The authors declare no competing interests.

Additional information

Peer review information Nature Plants thanks Magnus Ekland and the other, anonymous, reviewers for their contribution to the peer review of this work.

Publisher’s note Springer Nature remains neutral with regard to jurisdictional claims in published maps and institutional affiliations.

Extended data

Extended Data Fig. 1 Alignment of TTG1- WDR proteins.

The alignment was performed with the MAFFT algorithm using the cloud-based informatics platform benchling. The colours indicate the degree of amino acid conservation between the six proteins from dark red for the most conserved to blue for the least conserved.

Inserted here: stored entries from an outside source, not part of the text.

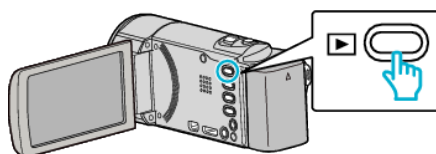

### حفاظت از تمام فایلها

تمام فایلها را حفاظت می کند.

#### نکته :

برای انتخاب/حرکت دادن مکان نما به سمت بالا/چپ یا پایین/راست، دکمه UP/> یا DOWN/< را فشار دهید.

1 حالت پخش را انتخاب کنید.

2 MENU را فشار دهید.

3 "محافظت / لغو" را انتخاب کرده و OK را فشار دهید.
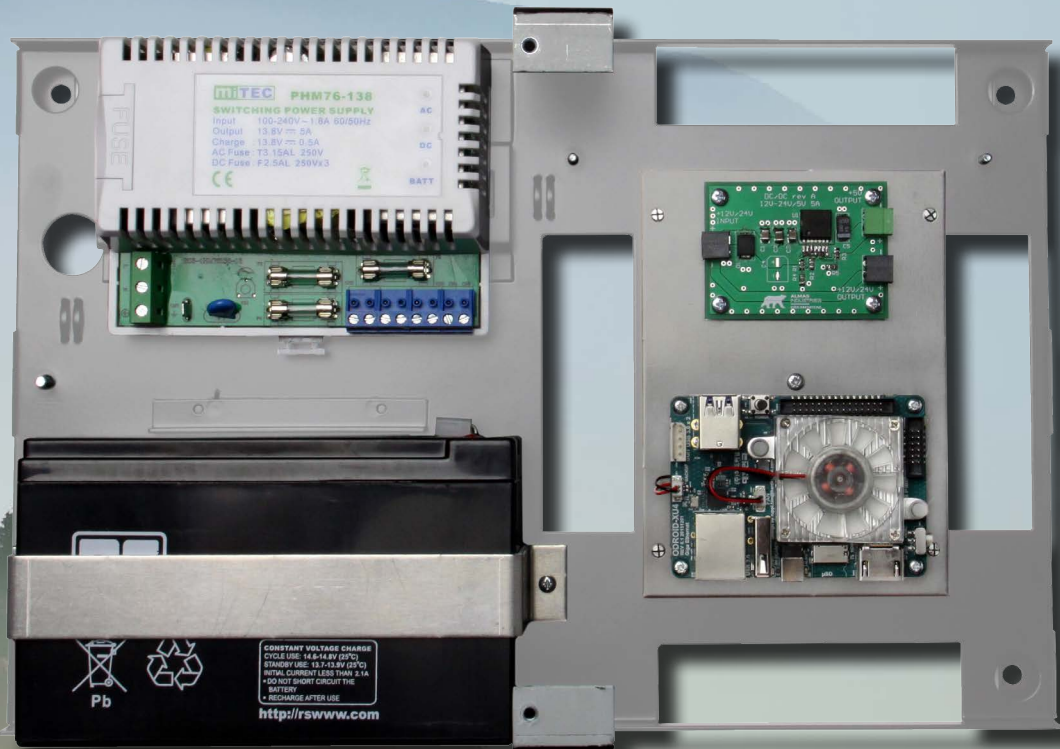

OPTIMA Box LOGICIEL DE CONTRÔLE D'ACCÈS

**ALMAS
INDUSTRIES**

EDEN INNOVATIONS

OPTIMA Box

LOGICIEL DE CONTRÔLE D'ACCÈS

CONCEPTION & FABRICATION
FRANÇAISE

Périphériques

LIGUARD 2, 4 ou 6

Centrale de gestion de 2 à 6 lecteurs

C485FX-IP

Convertisseur BUS / IP
[uniquement pour centrale com-
municant en BUS RS485]

SOLO

Lecteur biométrique d'empreintes
digitales en applique

BIOVEIN

Lecteur biométrique d'empreintes
veineuses

PRÉSENTATION

OPTIMA Box est un nouveau serveur qui embarque notre logiciel de contrôle d'accès.

Cette solution est une évolution des logiciels .NET d'Eden Innovations, totalement rétro-compatible avec les anciennes installations.

	Boîtier
Poids	2,3 kg
Dimensions (en mm)	230 x 350 x 95
Température de fonctionnement	0 à +40°C
Alimentation	110 à 230 VAC
Fixation	Murale en applique
Connexion pour batterie	12 V, 7 Ah
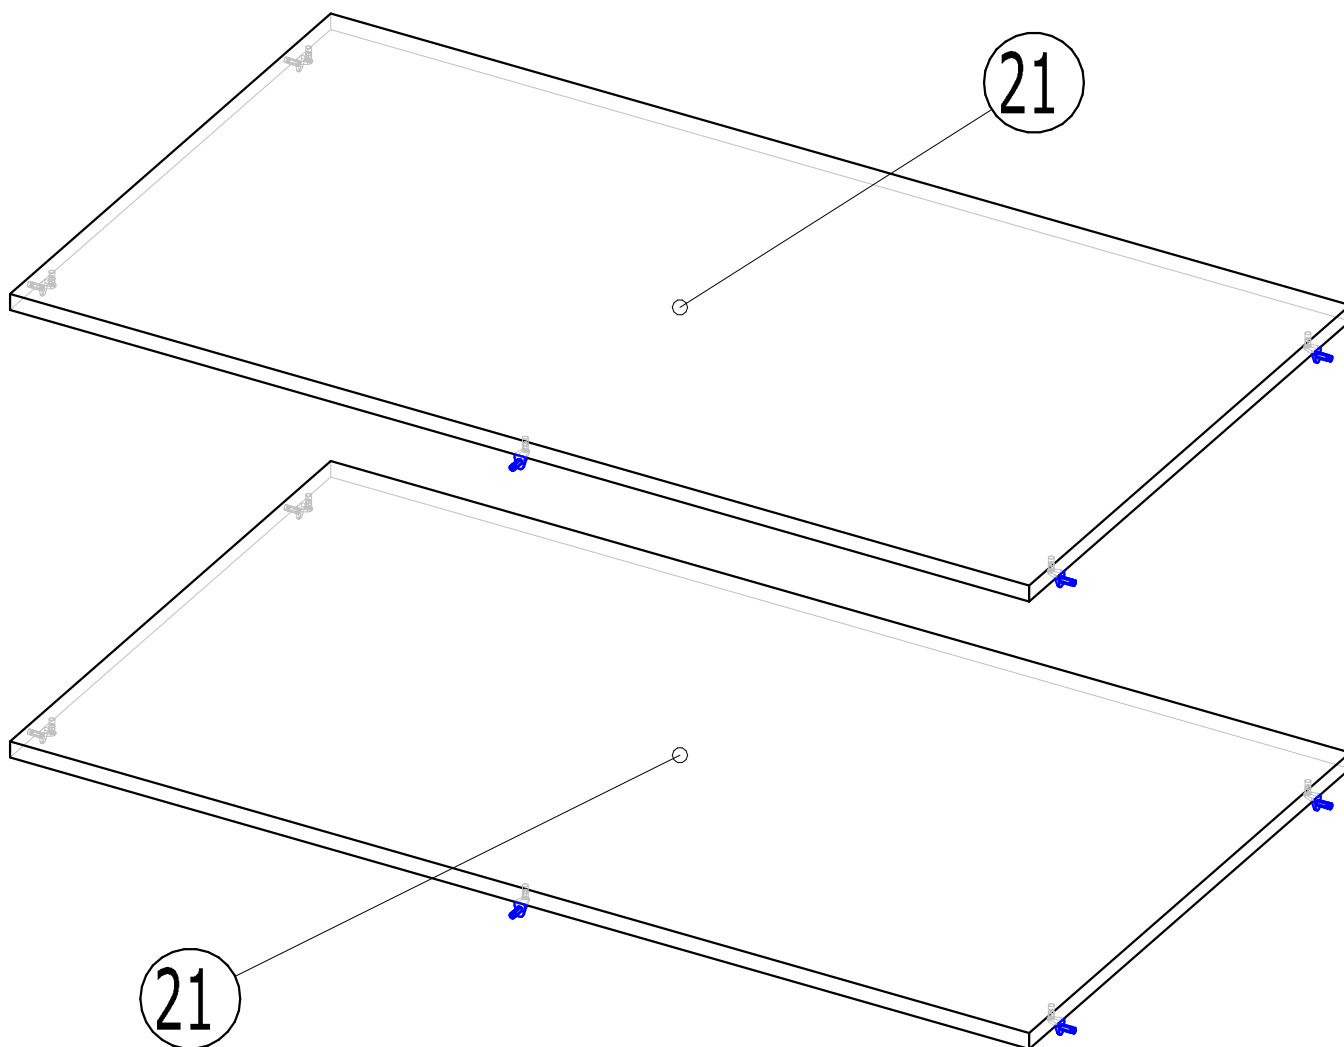

Ола

Комплект полок 2шт 2

Спецификация на панели

Поз.	Наименование	Готовая деталь		Толщина	Кол-во
		Длина	Ширина		
21	Полка	1018	560	16	2

Спецификация на фурнитуру и покупные изделия

Наименование	Кол-во
Полкодержатель K-Line	10
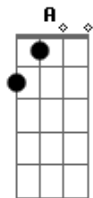

Nivaldo Soares - Cuité

tom:

Intro: A E D A
A E D
Dbm Bm A
A D
Estou chegando venho me lembrando
E A
Da despedida lá na estação
D
A ilusão foi de trem comigo
E A
E de castigo foi a solidão
E D
Pego a estrada de carona andando
A
Até mesmo apé
D
E vou sonhando pra minha cidade
E A E D Dbm Bm A
Chega de saudade vou pra cuité
D
Vem na lembrança ela ainda de trança
E A

Quase criança quase uma mulher
O amor nascia como a poesia D
Onde raia o dia onde nasce a fé E A
Pego a estrada de carona andando E D
Até mesmo apé A
E vou sonhando pra min ha cidade D
Chega de saudade vou pra cuité E A E D Dbm Bm A
De nada importa onde se tenha ido D
E sim a onde a gente quer chegar E A
Sempre se leva o coração ferido D
Que não é fingido lá pra capital E A
Pego a estrada E

Acordes
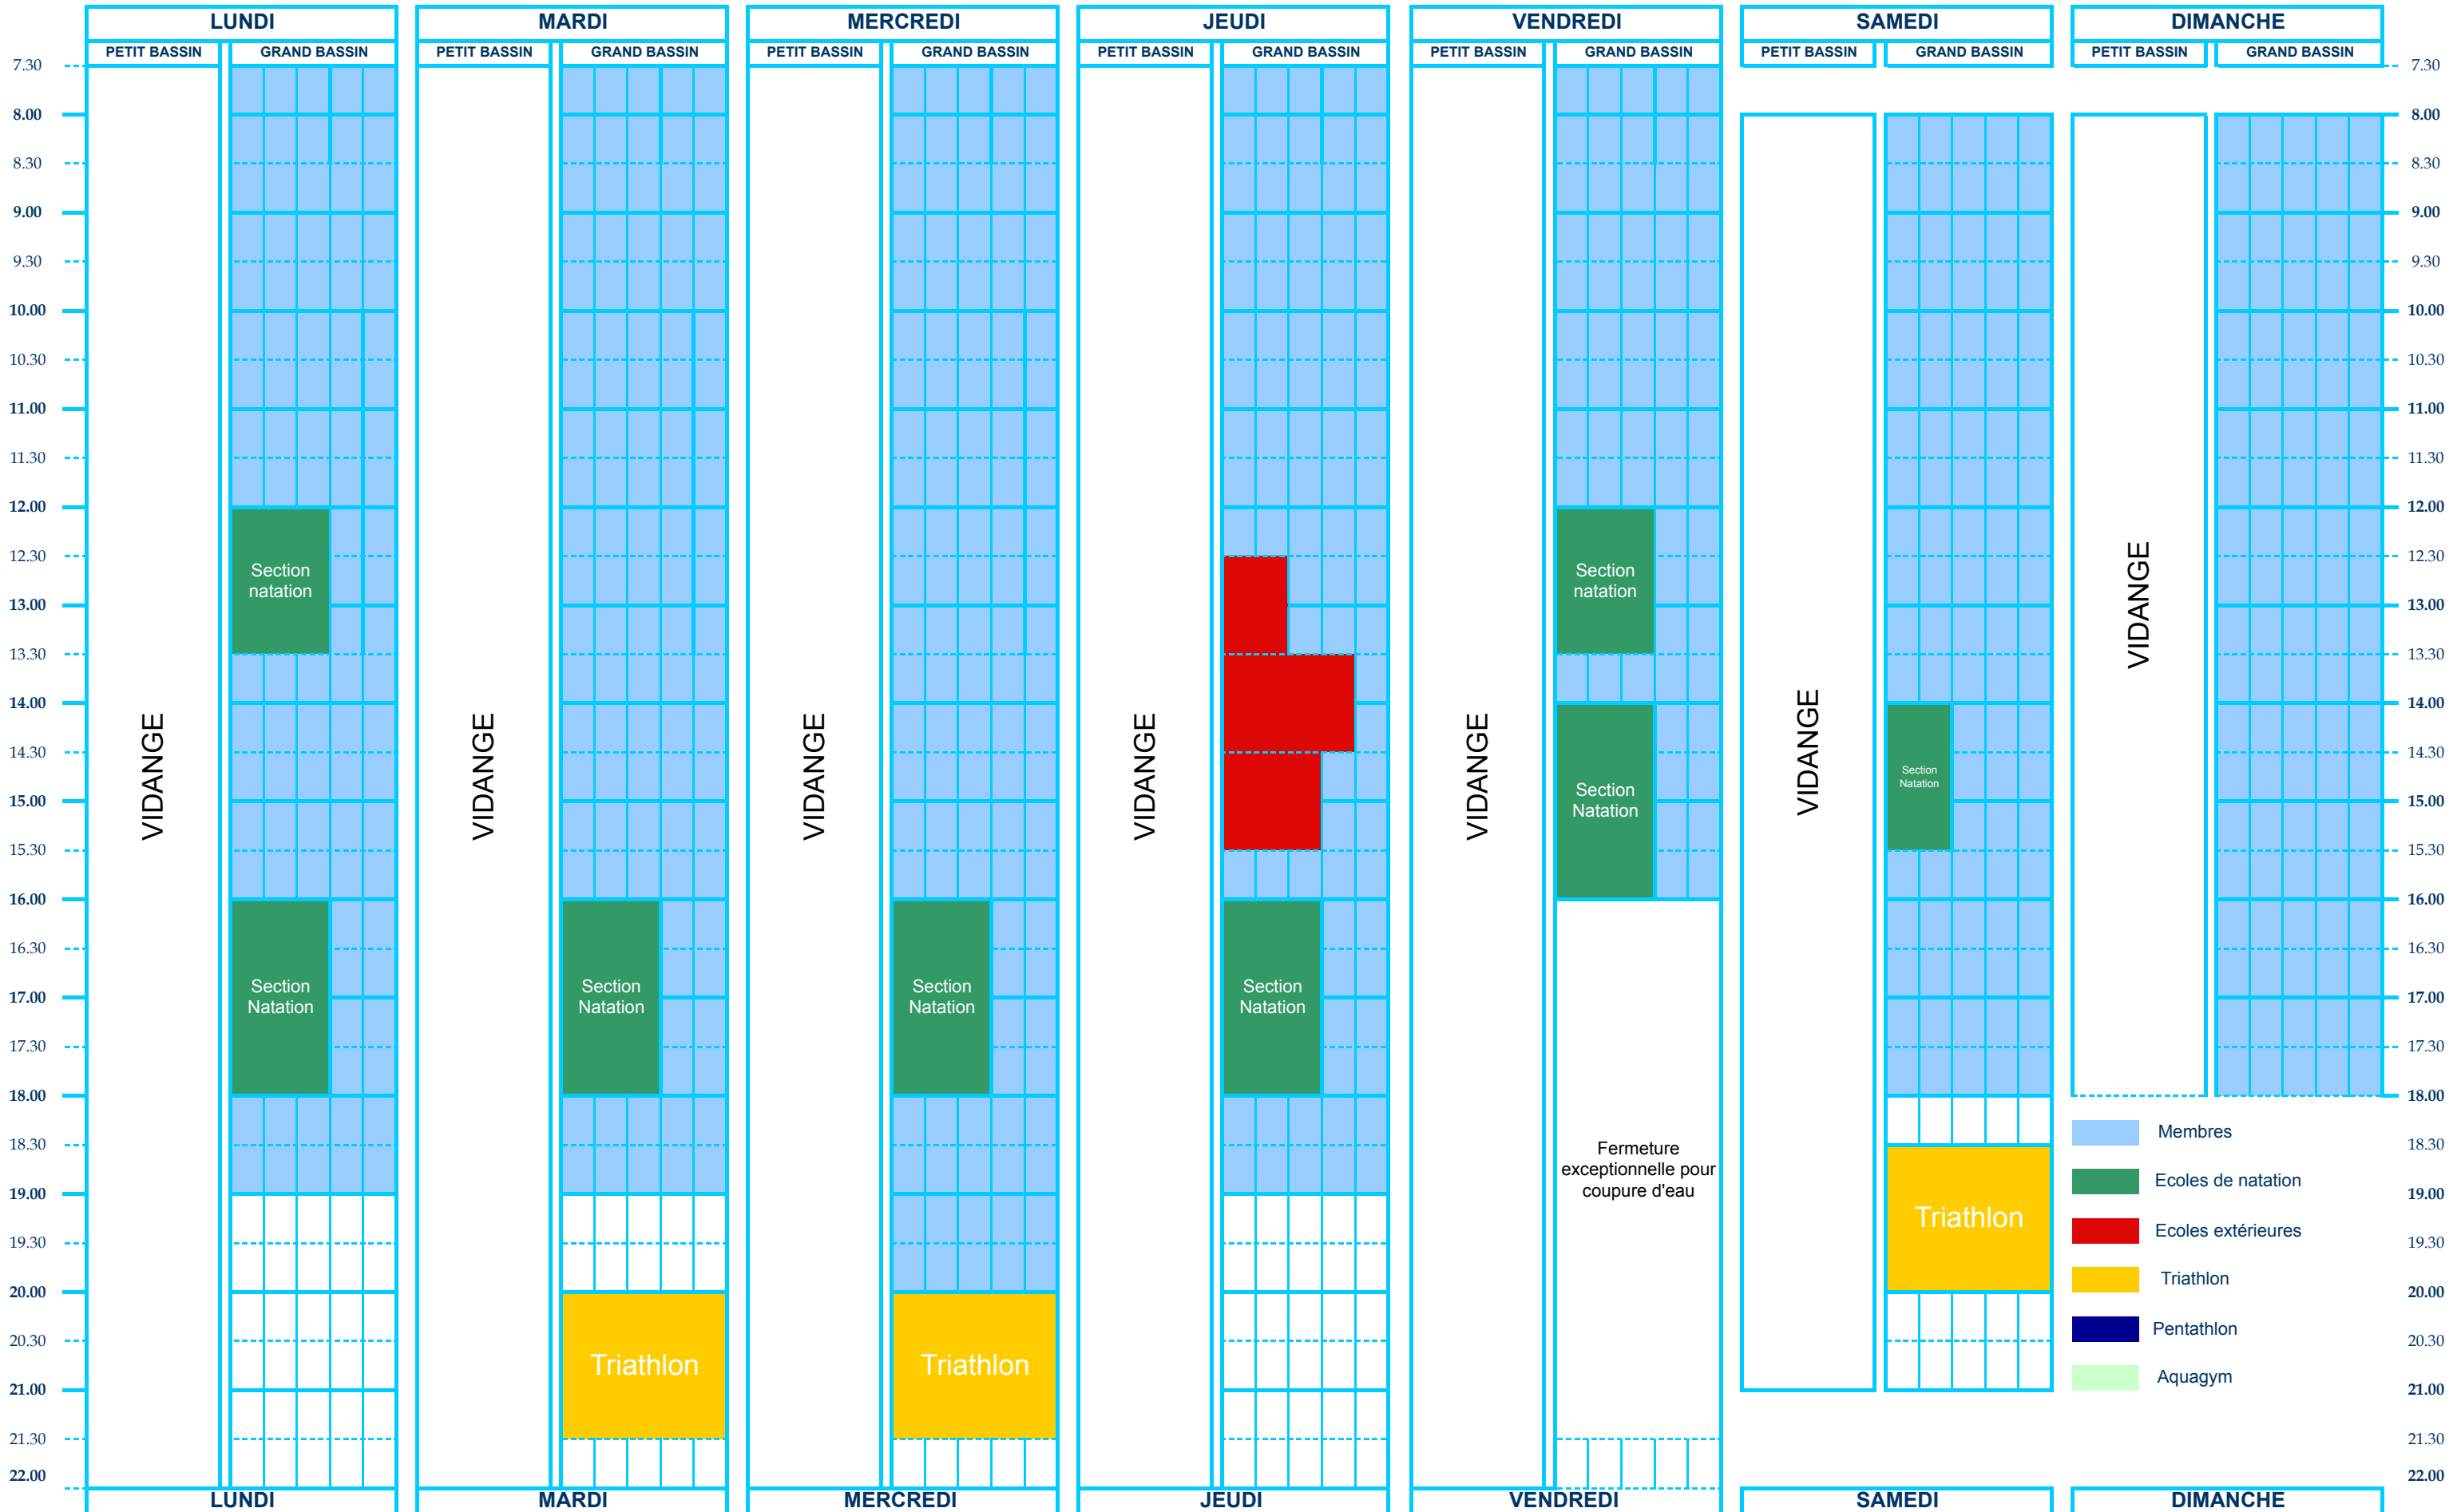

PLANNING DES BASSINS PISCINE EBLÉ VACANCES FÉVRIER 2012 - Semaine du 20 février au 26 février

- Membres
- Ecoles de natation
- Ecoles extérieures
- Triathlon
- Pentathlon
- Aquagym

PLANNING DES BASSINS PISCINE EBLÉ VACANCES FÉVRIER 2012 - Semaine du 26 février au 04 mars

Extended Data Fig. 2 Transgenic rescue of the ttg1-1 phenotype.

a,b, Amount of anthocyanin in mg/g of dry weight, bars represent standard deviation of up to three different extractions. Comparison between WT, ttg1-1 mutant and ttg-1-1 mutant ectopically expressing a, TTG1, LWD1, LWD2, MpWDR1, MpWDR2. b, MpWDR3, AmLWD. Graphs show mean values for two biological replicates, each replicate pooled several seedlings. Source data

Extended Data Fig. 3 Transgenic rescue of the ttg1-1 phenotype.

a,b,c, Boxplots of root hair count in 2.5 mm of the first 5 mm of the root in the same genotypes used for the anthocyanin assay in Extended Data Fig. 2. Number of plants analyzed in a is WT = 13, ttg1 = 7, ttg1 35S:TTG1 = 9, ttg1 35S:LWD1 = 8, ttg1 35S:MpWDR1 = 10; in b is WT = 13, ttg1 = 10 ttg1 35S:TTG1 = 11, ttg1 35S:LWD2 = 14, ttg1 35S:MpWDR2 =12; in c is WT = 9, ttg1 = 6, ttg1 35S:AmLWD = 6, ttg1 35S:MpWDR3 = 6. Additional details about the statistics can be found in Supplementary Table 3. d, Table illustrating p values for pairwise comparisons. p values were calculated using a non parametric anova using the Kruskal-Wallis test, followed by a post hoc analysis of the means using the Conover test. ttg1 35S:TTG1/WDR1/WDR2 are all significantly different from the ttg1 mutant. ttg1 35S:LWD1/AmLWD are significantly different from the WT and ttg1 35S:WDR3 is significantly different from both, with higher support to be different from the WT. Additional details about the statistics can be found in Supplementary Table 3. Source data

Extended Data Fig. 4 Semi quantitative RT-PCR in plants ectopically expressing TTG1 WDR genes in the ttg1-1 mutant and in the triple mutant lwd1lwd2ttg1.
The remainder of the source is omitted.